■ WORK TO BE COMPLETED
Leave every picture out. Set down all the lines below exactly.
*** Opening of GIVEN ENTRIES ***
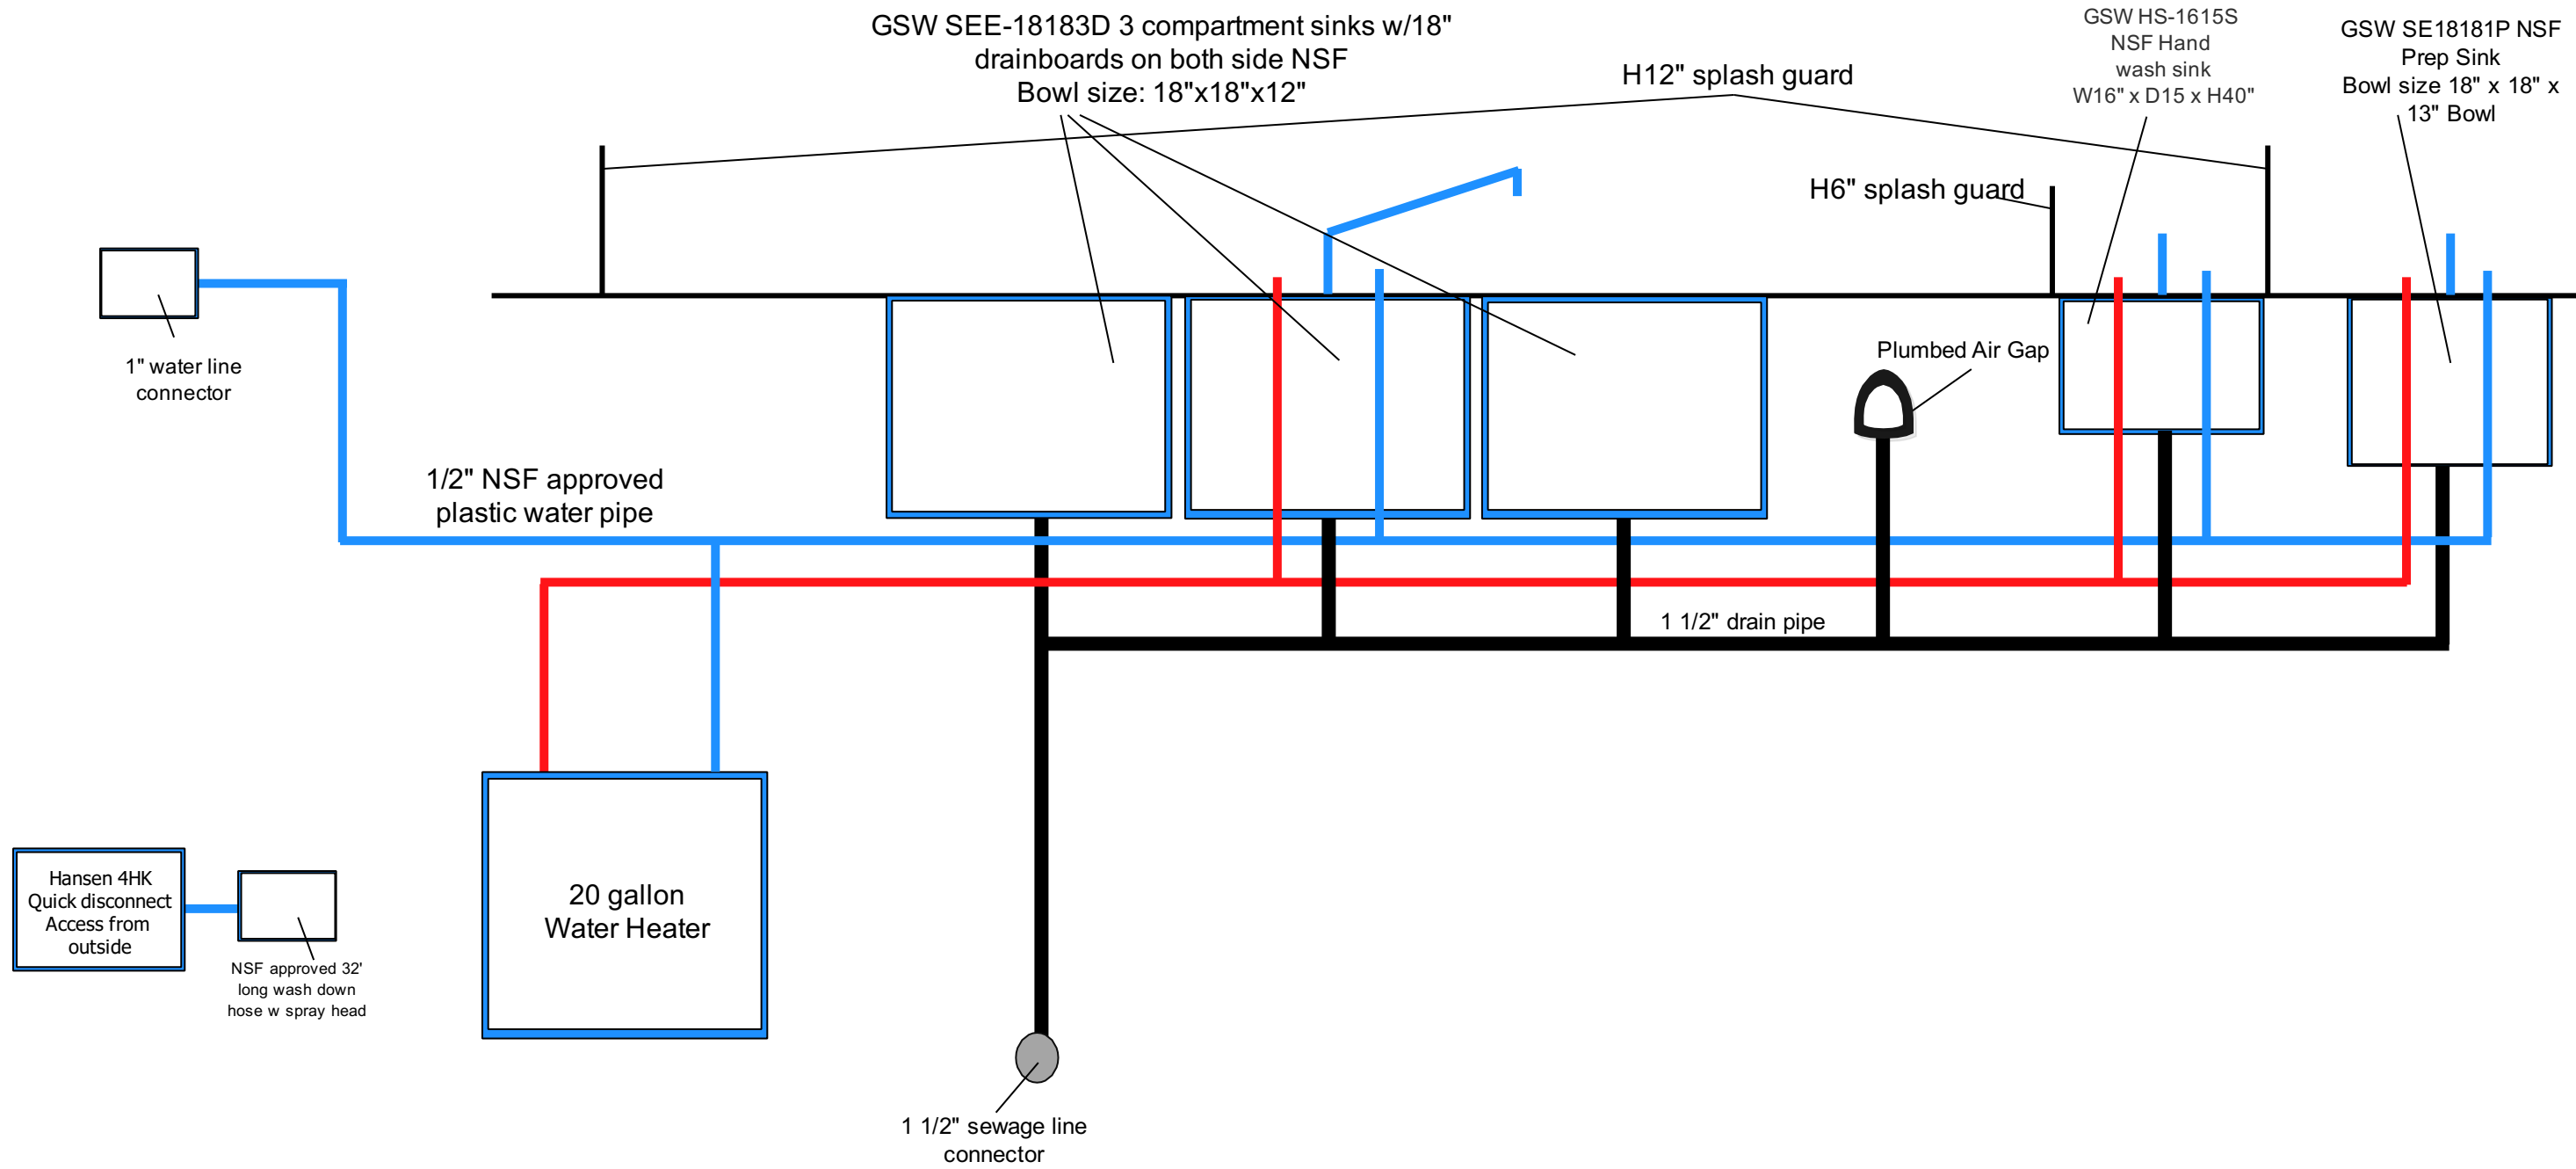

## 2. Passenger Side Interior View

**Description:**

- Utensil Drawer is easily cleanable stainless steel material.
- Under sinks area will be covered with stainless steel and door.
- Washdown hose is equipped with pistol grip hose nozzle

## 4. Driver Side Interior View

## 5. Driver Side Exterior View

6. Plumbing View

7. Front Side Exterior View
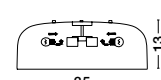

ET 8268061

PERLETO - 826807

Metal & Acrylic Diffuser
 Steel Gray Outside
 Matt White Inside
 LED E27 2x10 Watt 230 Volt
 IP20 Bulb Excluded
 D: 35 H: 13 cm

ET 8268061

PERLETO - 826808

Metal & Acrylic Diffuser
 Coffee Brown Outside
 Matt White Inside
 LED E27 2x10 Watt 230 Volt
 IP20 Bulb Excluded
 D: 35 H: 13 cm
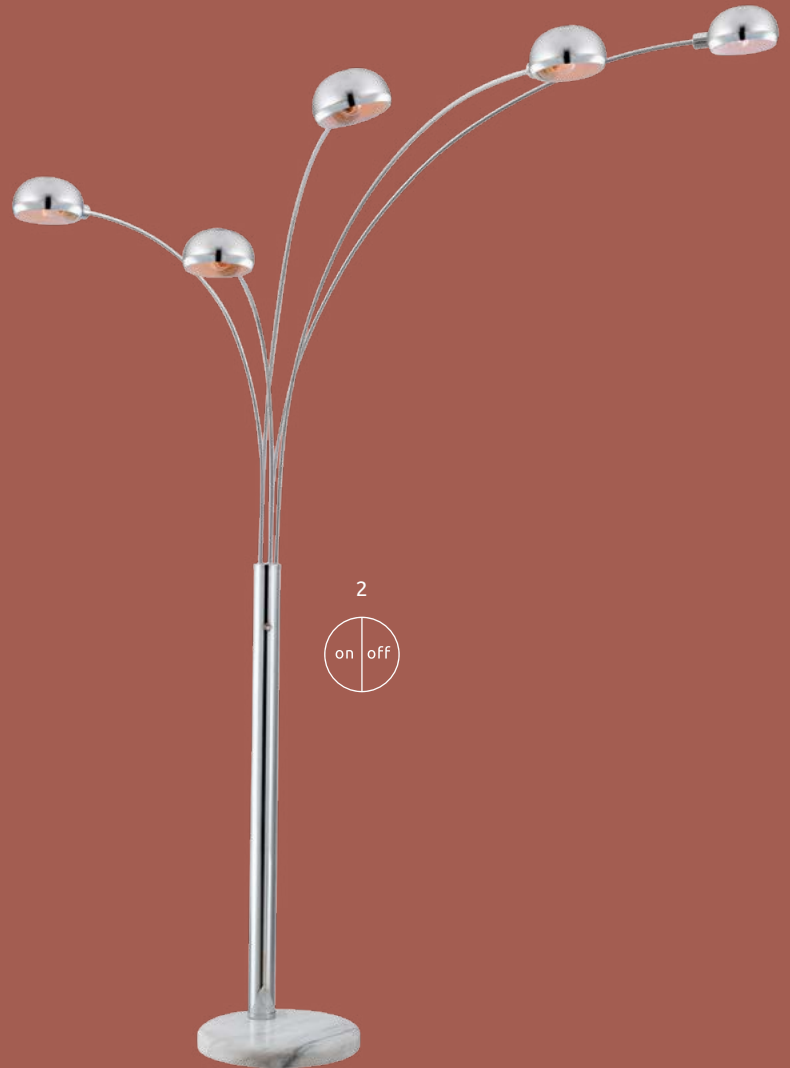

↔ max. 58cm x 16,7cm

↕ max. 81cm

plastic white,
aluminium silver,
acrylic, opal

sensor
dimmer

touch
many
steps

adapter
incl.

Blade

Seymour
*** Close of GIVEN ENTRIES ***
■ ANSWER
## 2. Passenger Side Interior View

**Description:**

- Utensil Drawer is easily cleanable stainless steel material.
- Under sinks area will be covered with stainless steel and door.
- Washdown hose is equipped with pistol grip hose nozzle

## 4. Driver Side Interior View

## 5. Driver Side Exterior View

6. Plumbing View

7. Front Side Exterior View

ET 8268061

PERLETO - 826807

Metal & Acrylic Diffuser
 Steel Gray Outside
 Matt White Inside
 LED E27 2x10 Watt 230 Volt
 IP20 Bulb Excluded
 D: 35 H: 13 cm

ET 8268061

PERLETO - 826808

Metal & Acrylic Diffuser
 Coffee Brown Outside
 Matt White Inside
 LED E27 2x10 Watt 230 Volt
 IP20 Bulb Excluded
 D: 35 H: 13 cm

↔ max. 58cm x 16,7cm

↕ max. 81cm

plastic white,
aluminium silver,
acrylic, opal

sensor
dimmer

touch
many
steps

adapter
incl.

Blade

Seymour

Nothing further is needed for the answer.